Это одно из самых древних поселений на Двине, в летописях упоминается раньше Москвы. Здесь жило племя чуди — тоймичи (по летописи — «тоймици»), родственное современным коми и удмуртам. В XIII веке городки этого племени называли «тоймокары», а на языке коми «кар» — город, удмуртов — «городище». В Удмуртии есть река Тойма. По Уставной новгородской грамоте 1137 года Тойма платила десятину новгородскому епископу. При Иване IV здесь была учреждена «земская изба». Она вершила суд над простыми людьми, вела торговые дела, раскладку и сбор податей и повинностей среди населения.
В XIX веке Верхняя Тойма — волостное село. В 1859 году в нем числилось шесть дворов с 55 жителями, две церкви, училище и удельный приказ. Село окружали деревушки Ермолинская, Ручьевская, Горка, Сумарокове, Савинская Бармиха (ныне Усть-Паленьга). Некоторые из них входят теперь в районный центр.

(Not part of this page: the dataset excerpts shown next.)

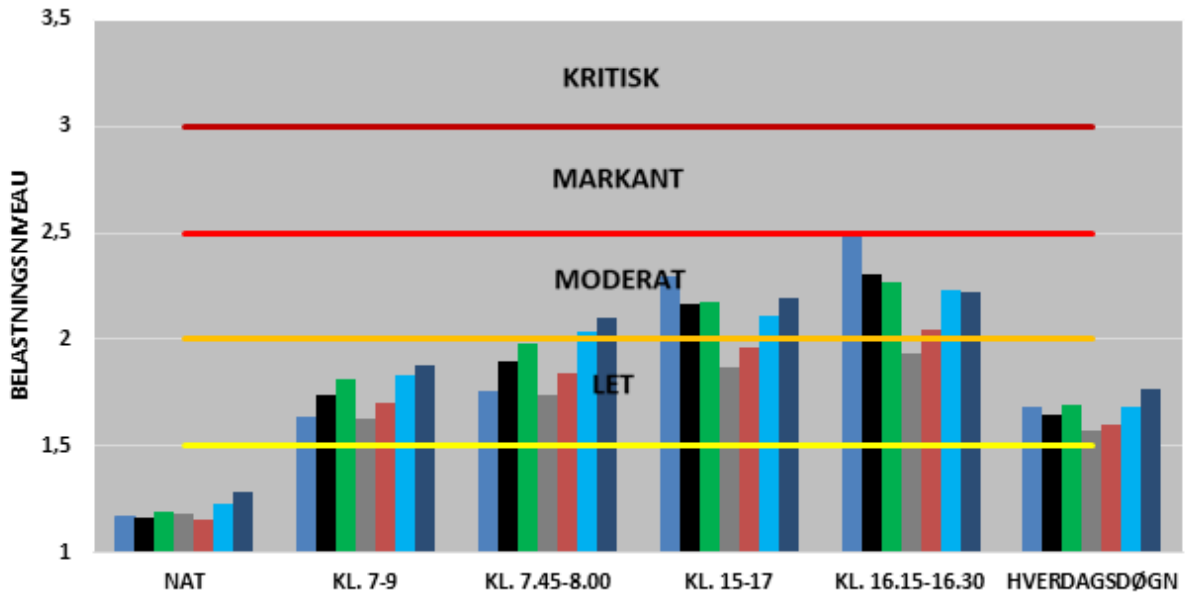

- 2017
- 2018
- 2019
- 2020
- 2021
- 2022
- 2023

UDVIKLINGEN I FREMKOMMENLIGHEDEN
RINGVEJEN

MOD NORD

MOD SYD

BEGGE RETNINGER

- 2017
- 2018
- 2019
- 2020
- 2021
- 2022
- 2023

MOD AARHUS

FRA AARHUS

BEGGE RETNINGER

- 2017
- 2018
- 2019
- 2020
- 2021
- 2022
- 2023

MOD AARHUS

FRA AARHUS

BEGGE RETNINGER

- 2017
- 2018
- 2019
- 2020
- 2021
- 2022
- 2023

MOD AARHUS

FRA AARHUS
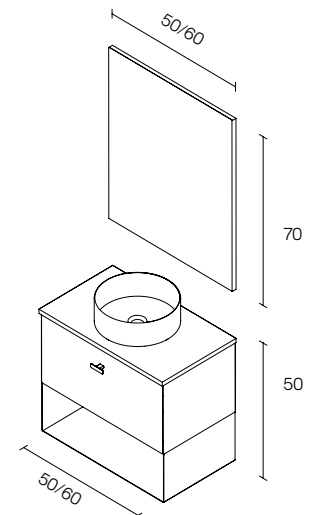

Dimensions	
Largeur	50 / 60 cm
Hauteur	30,5 cm
Fond	35 cm

Matériaux et finitions	
Finitions	Laqué / Mélamine
Structure	Blanc brillant / Chêne blanc / Orme gris
Intérieur	Fumé cuir
Guides	Extraction totale / Fermeture amortie
Tiroir	Noir métallique
Vasque	Céramique blanche brillante
Installation	Montage mural

Acabados

Blanc
opaque

Chêne
blanc

Orme
gris

MEI TOP

Amizuva Collection
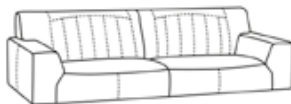

Longchair links
B120 D176 H84/86

Longchair rechts
B120 D176 H84/86

2,5-zits excl. arm
B150 D90 H88

2,5-zits arm links/rechts
B177 D90 H88

2,5-zits
B204 D90 H88

3-zits excl. arm
B180 D90 H88

3-zits arm links/rechts
B207 D90 H88

3-zits
B234 D90 H88

Ottomaan links
B132,5 D95 H84/86

Ottomaan rechts
B132,5 D95 H84/86

Hocker
B92 D77 H47/49

Hoekement
B97 D97 H84/86

Meer weten? Vraag het onze **VERKOOPADVISEUR**

ONTWERP JOUW EIGEN BANK

BANK EASTLAND

KIES JE OPSTELLING

Voor iedere woonkamer is een oplossing
Van fauteuil, losse bank tot complete zithoek
(Z.o.z. voor alle mogelijke opstellingen)

KIES JE RUG

Rug 1

Rug 2

Rug 3

KIES JE POOT EN POOTHOOGTE

Je kunt kiezen uit een poothoogte van 17,5 cm en 19,5 cm

Poot 1

Poot 2

Poot 3

KIES JE BEKLEDING, KLEUR & STIKSEL

Verkrijgbaar in stof, microleer of leer in diverse kleuren

Vraag aan onze verkoopadviseurs voor een advies over de bekleding, kleur en stiksel

TEKEN HIER JE OPSTELLING:

В глубокую древность ушло время племени тоймичей, в далекое историческое прошлое отошли земские избы, а удельный приказ под другим названием остался в памяти живых свидетелей властвования на тоемской земле удела, перечеркнутого только социалистической революцией.
На подходе к пристани Нижняя Тойма на высоком берегу в окружении старых деревьев виден дом не крестьянского типа. До революции здесь жил удельный барин. Так в народе называли чиновника, управляющего удельным имением. В районе Верхней и Нижней Тоймы, Борка, Двинского Березника и по Ваге из государственных лесов в XVIII веке были выделены имения царскому двору, которыми ведал департамент уделов министерства двора. Отсюда и название — удельные имения.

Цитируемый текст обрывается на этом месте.